Avanza hacia la luz.
Lo primero que ve en el campo son formas indefinidas y borrosas, oscurecidas por las enormes rejas de malla que separan al público de la pista. A ambos lados, las gradas están casi vacías. Los asistentes buscan las zonas más elevadas y se sientan diseminados en las filas superiores, aplaudiendo, animando y estirando el cuello para no perderse el espectáculo. Bob parpadea ante el brillo estridente de las lámparas de arco; el aire huele a goma quemada y a gasolina, Bob entrecierra los ojos para ver qué está ocurriendo.
Da un paso adelante, se apoya en la valla y observa a través de la tela metálica.
En el campo embarrado, dos hombres corpulentos luchan entre sí. Sam el carnicero —que sólo lleva puesto un bañador deportivo salpicado de sangre, y enseña el pecho fofo y la barriga que le sobresale por encima del cinturón— aporrea con un palo de madera a Stinson —guardia nacional, musculoso y de mediana edad—. Stinson, con sus pantalones oscuros de camuflaje llenos de fluidos corporales, se tambalea y da un salto atrás, intentando esquivar el ataque con un machete de medio metro en la mano. Con el extremo del palo, cubierto de pequeños clavos oxidados, el carnicero golpea la cara pastosa de Stinson, haciéndole sangre.

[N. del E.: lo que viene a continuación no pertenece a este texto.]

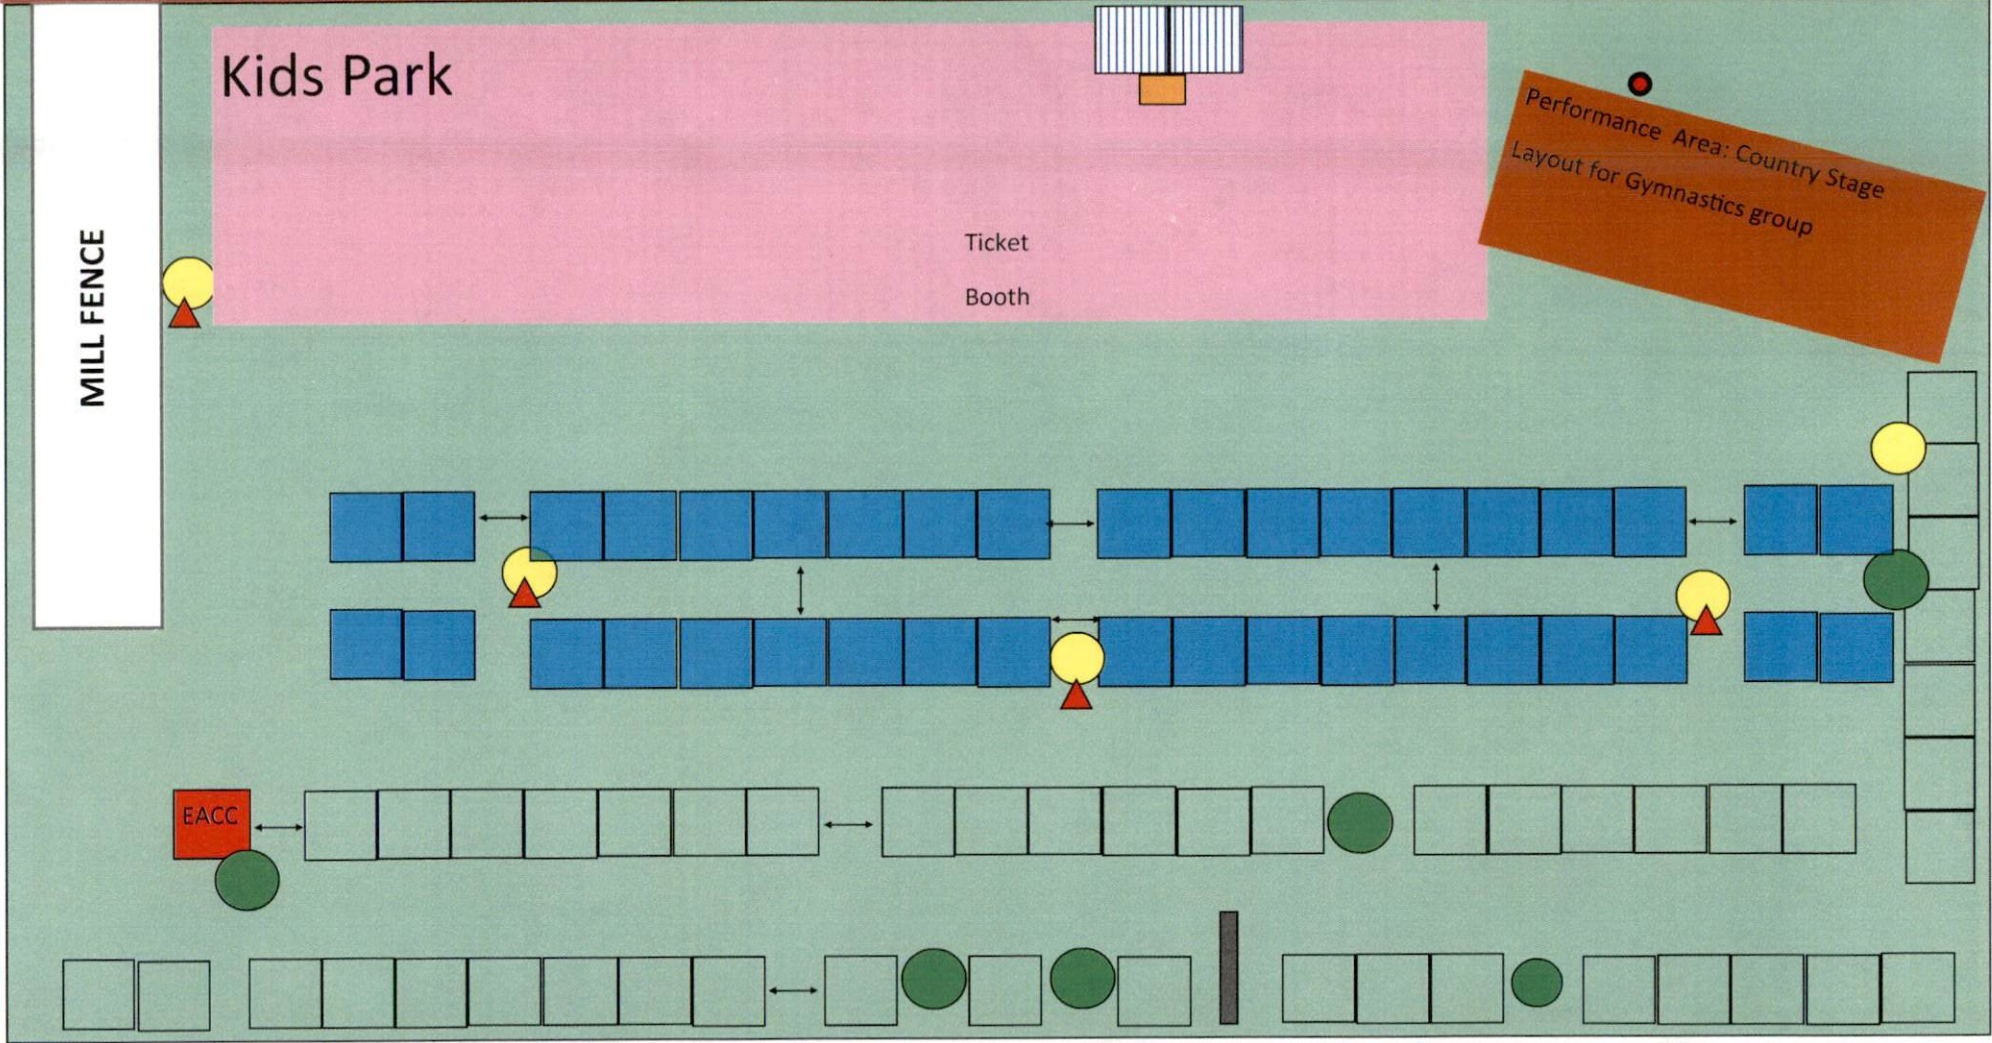

Entrances to the lanes of car show occupied spot will be blocked.

Mill Parking Lot:

Car Show front half of Lot—Harnett Cruisers

Food Trucks Set-up in designated spaces along sidewalk adjacent to car show. Car show spaces blocked and entrance next to grounds blocked. Only entrance to lot on J street.

J street  
Entrance  
OPEN

Entrance to parking lot on 13th: CLOSED

Kids Park

Ticket Booth

Performance Area: Country Stage  
Layout for Gymnastics group

MILL FENCE

13th Street

RESTROOMS

FOOD COURT

VENDOR BOOTHS

GAZEBO

TOTAL SPACE AVAILABILITY:

Craft/Business Vendors-

Food Vendors-

Informational-

Misc.-

Stinson retrocede, escupe saliva y grandes chorros de sangre.
El público dedica una salva de aplausos y gritos de enfado al ver que Stinson da un traspié. La luz blanquecina muestra cómo el corpulento guardia bate la arena al desplomarse en el suelo, cayéndosele el machete en toda la mugre. Antes de que su oponente pueda moverse, el carnicero vuelve al ataque con el palo; los clavos atraviesan la yugular y el pectoral izquierdo de Stinson. Se oyen los alaridos de los espectadores.
Bob se vuelve un momento, se siente mareado y con náuseas. Tratando de que el alcohol le alivie el miedo, bebe otro trago de whisky; y luego otro, y otro. Hasta que se encuentra en plenas condiciones para volver a mirar el espectáculo. Mientras, el carnicero sigue apaleando a Stinson, que no deja de derramar sangre, que a la luz amarillenta es tan negra como el alquitrán, esparciéndola por todo el campo de césped muerto.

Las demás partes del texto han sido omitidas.